[Extracted data entries]
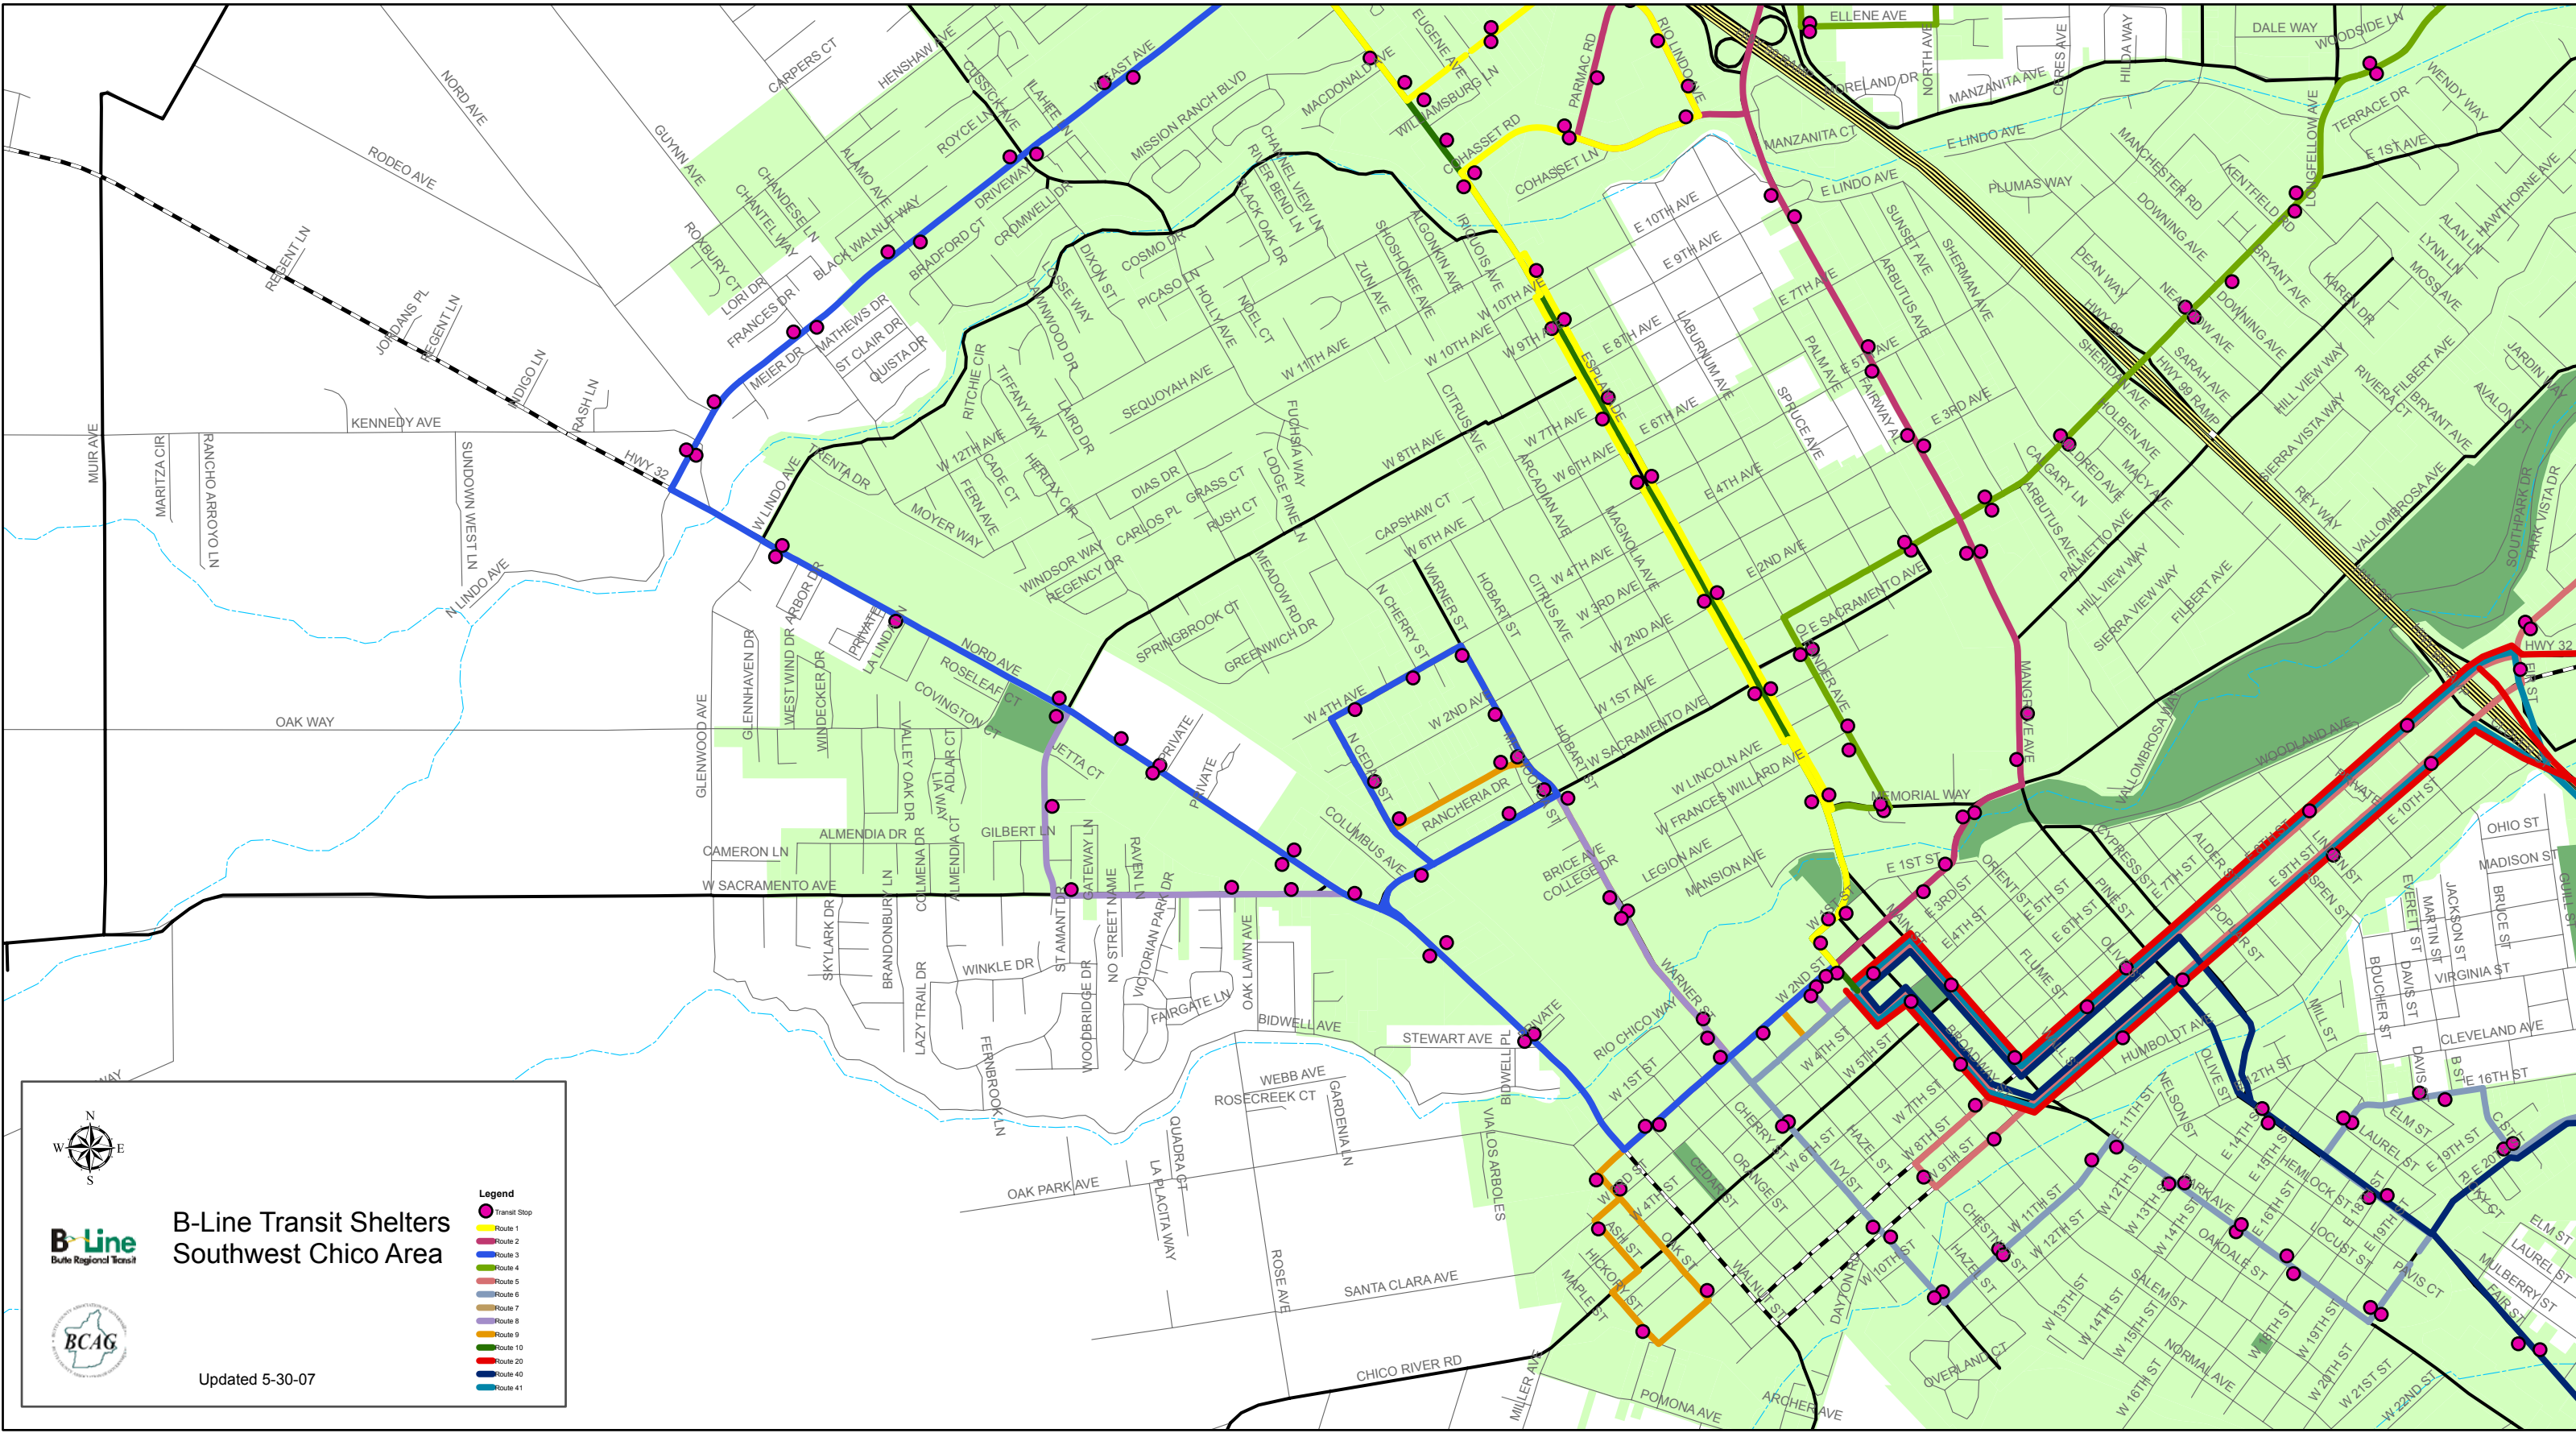

### B-Line Transit Stops Northwest Chico Area

- Legend**
- Transit Stop
  - Route 1
  - Route 2
  - Route 3
  - Route 4
  - Route 5
  - Route 6
  - Route 7
  - Route 8
  - Route 9
  - Route 10
  - Route 20
  - Route 40
  - Route 41

# B-Line Transit Shelters Northeast Chico Area

Updated 5-30-07

### Legend

- Transit Stop
- Route 1
- Route 2
- Route 3
- Route 4
- Route 5
- Route 6
- Route 7
- Route 8
- Route 9
- Route 10
- Route 20
- Route 40
- Route 41

### B-Line Transit Shelters Southwest Chico Area

**Legend**

- Transit Stop
- Route 1
- Route 2
- Route 3
- Route 4
- Route 5
- Route 6
- Route 7
- Route 8
- Route 9
- Route 10
- Route 20
- Route 40
- Route 41

Task details: Answer with a single number: the count of lines above that contain the string "Chico".

Output for this task: 3